Poggio Trattoria in Sausalito is my favorite Bay Area restaurant, the one place I can always count on for mouthwatering Tuscan delicacies, presented with elegance and style, in a warm sit-down-and-stay-a-while setting. On a recent visit, I had dinner with a friend, who had never eaten there, and the evening was, as always, a resounding success.

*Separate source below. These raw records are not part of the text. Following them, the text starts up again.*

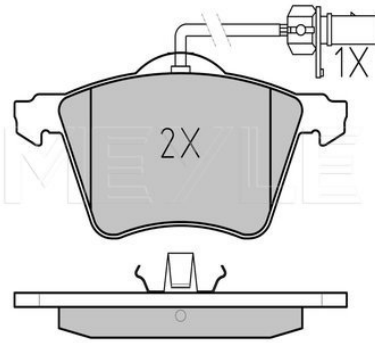

025 234 1819/W | MBP0342

Brake pad set

Notes

Thickness [mm]	incl. wear warning contact
Height [mm]	19.6
Width [mm]	78.5
Warning Contact Length [mm]	156.3
Number of wear indicators [per axle]	260
Brake System	1
	ATE
	with anti-squeak plate
	Front Axle

References

1 151 377	1M21-2K021-AA
1 201 124	1M21-2K021-BA

Application info

Galaxy I [03/95-05/06]
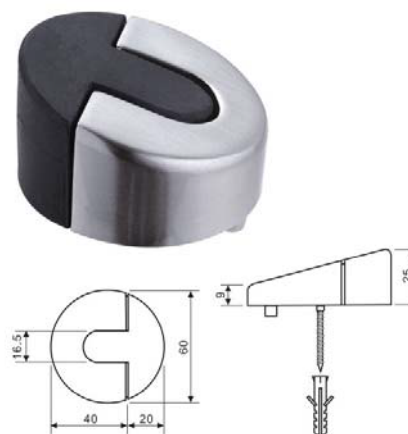

# Foot Operated Door Stopper

Reference	Specification	Remark
51069	Dia.22 x 50mm	

Reference	Specification	Remark
51070	56 x 35mm	

Reference	Specification	Remark
51072	90 x 74mm	

Reference	Specification	Remark
51076	60 x 25mm	

Reference	Specification	Remark
51029/01	140mm	
51029/02	200mm	
51029/03	255mm	

Reference	Specification	Remark
51030/01	4"	
51030/02	6"	
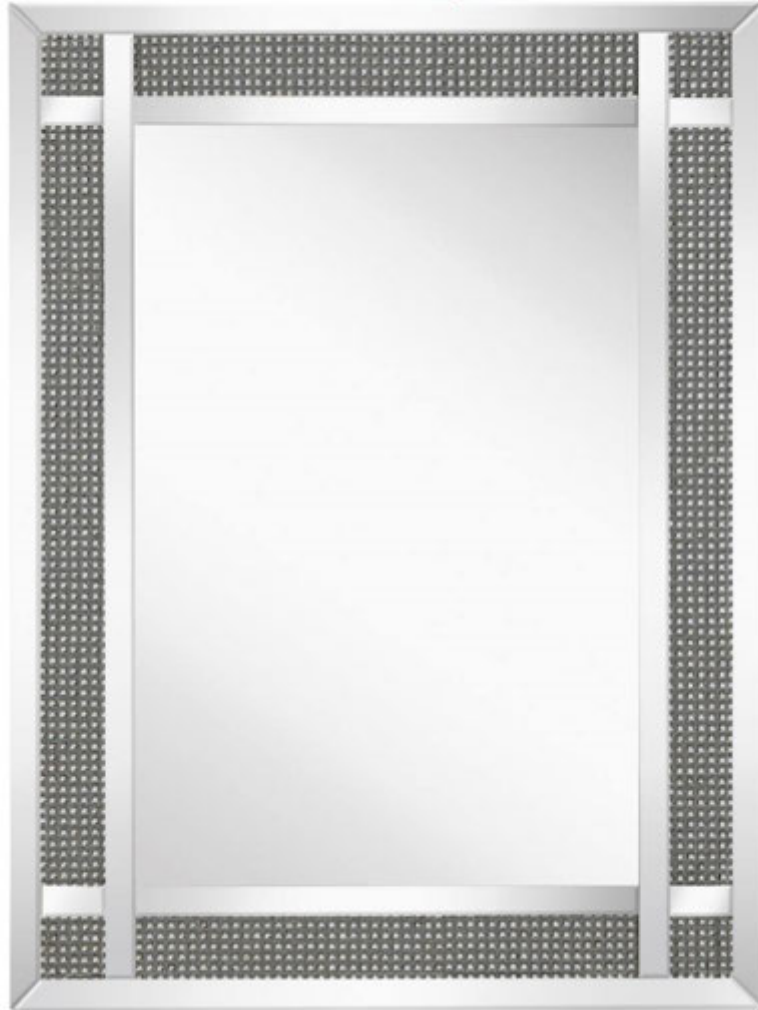

Style #: 2795-P 36" X 48" OA 24" X 36" GL
Mirror with Mirror Squares
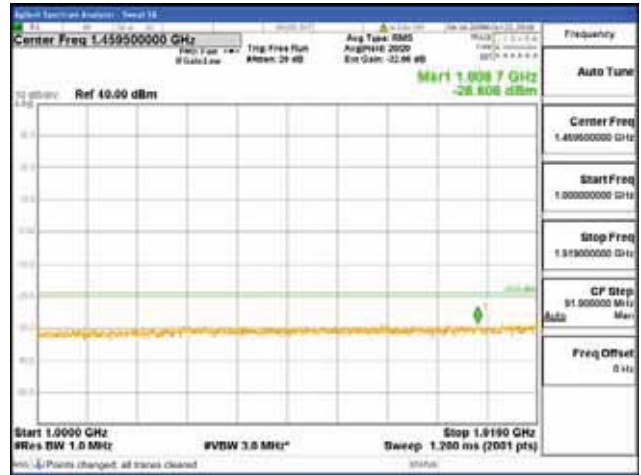

Report No.:
 CTK-2018-03328
 Page (572) / (1312)
 Pages

[64QAM]

9 kHz - 150 kHz

150 kHz - 30 MHz

30 MHz - 1000 MHz

1000 MHz - 1919 MHz

CTK Co., Ltd.
 (Ho-dong), 113, Yejik-ro, Cheoin-gu,
 Yongin-si, Gyeonggi-do, Korea
 Tel: +82-31-339-9970
 Fax: +82-31-624-9501
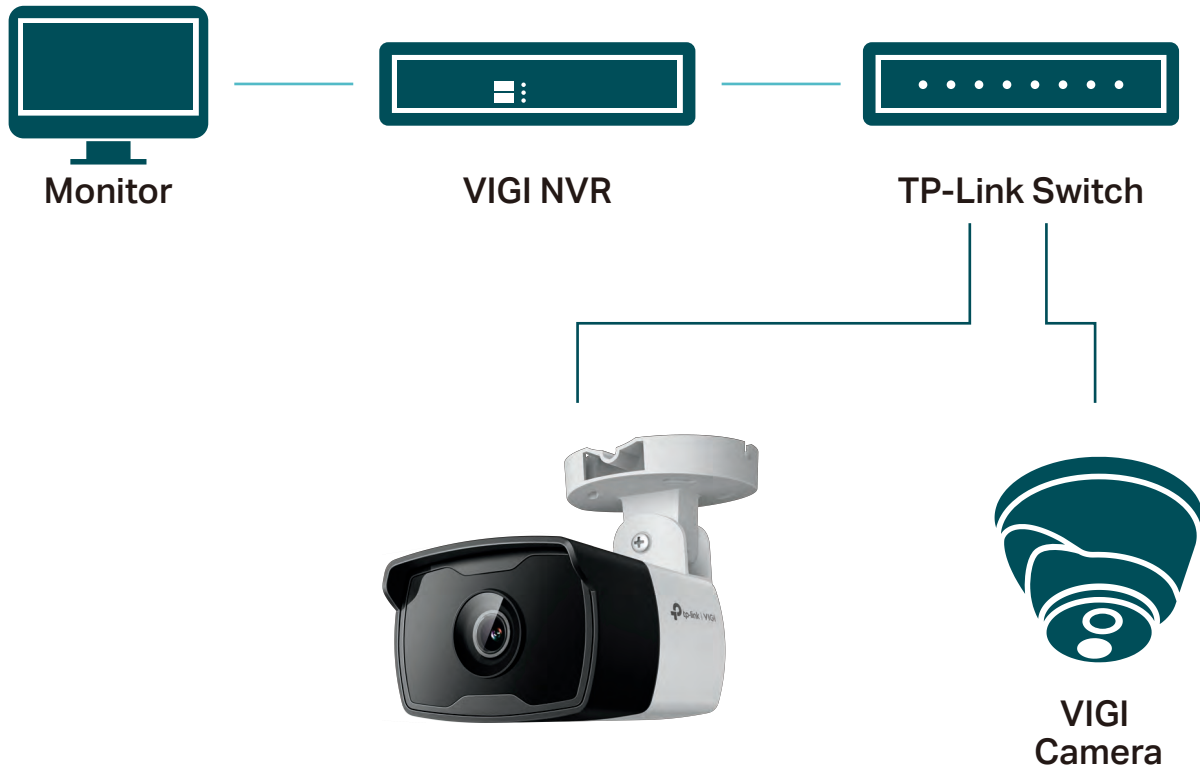

// VIGI Surveillance Solution

The VIGI professional surveillance system by TP-Link is dedicated to protecting the business that you've worked hard to build—whenever, wherever.

Outstanding functions, reliable quality guarantees, and simplified installation work together to ensure your business stays safe and sound.
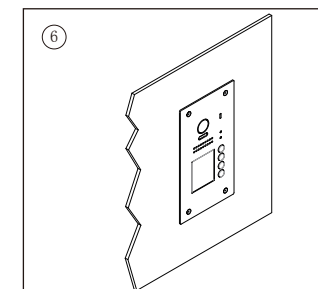

DT607F Mounting With Rainy Cover

We started with a bottle of Prosecco, a bit of a splurge, but still reasonably priced at $44. Within moments there was a basket of warm homemade bread on the table, the melt-in-your-mouth variety that is hard to resist. We ordered the burrata (a creamy, stuffed mozzarella, $11) as an appetizer — absolute heaven in combination with the bubbly. My friend then had a beet salad ($9) on a bed of arugula drizzled with a perfect balsamic dressing, and I dove headfirst into the stellar endive salad ($10), a superb blend of Belgian endive, apples, gorgonzola, hazelnuts, and honey.

My dinner partner chose a fish course, the wood-fire roasted snapper ($28), accompanied by potatoes and a savory, yet delicate, spinach. Poggio has quite a knack for fish preparation, and the snapper was outstanding. I opted for the deeply satisfying “Fichi” pizza ($12), with caramelized onions, pancetta, gorgonzola, and black mission figs. What a combination! I couldn’t finish the entire pizza and had to take half of it home. For dessert (okay, so I left a little room for dessert…) we split the budino, my favorite: a warm, chocolate mini-cake that is out of this world. We rounded out the night with some hearty cups of coffee.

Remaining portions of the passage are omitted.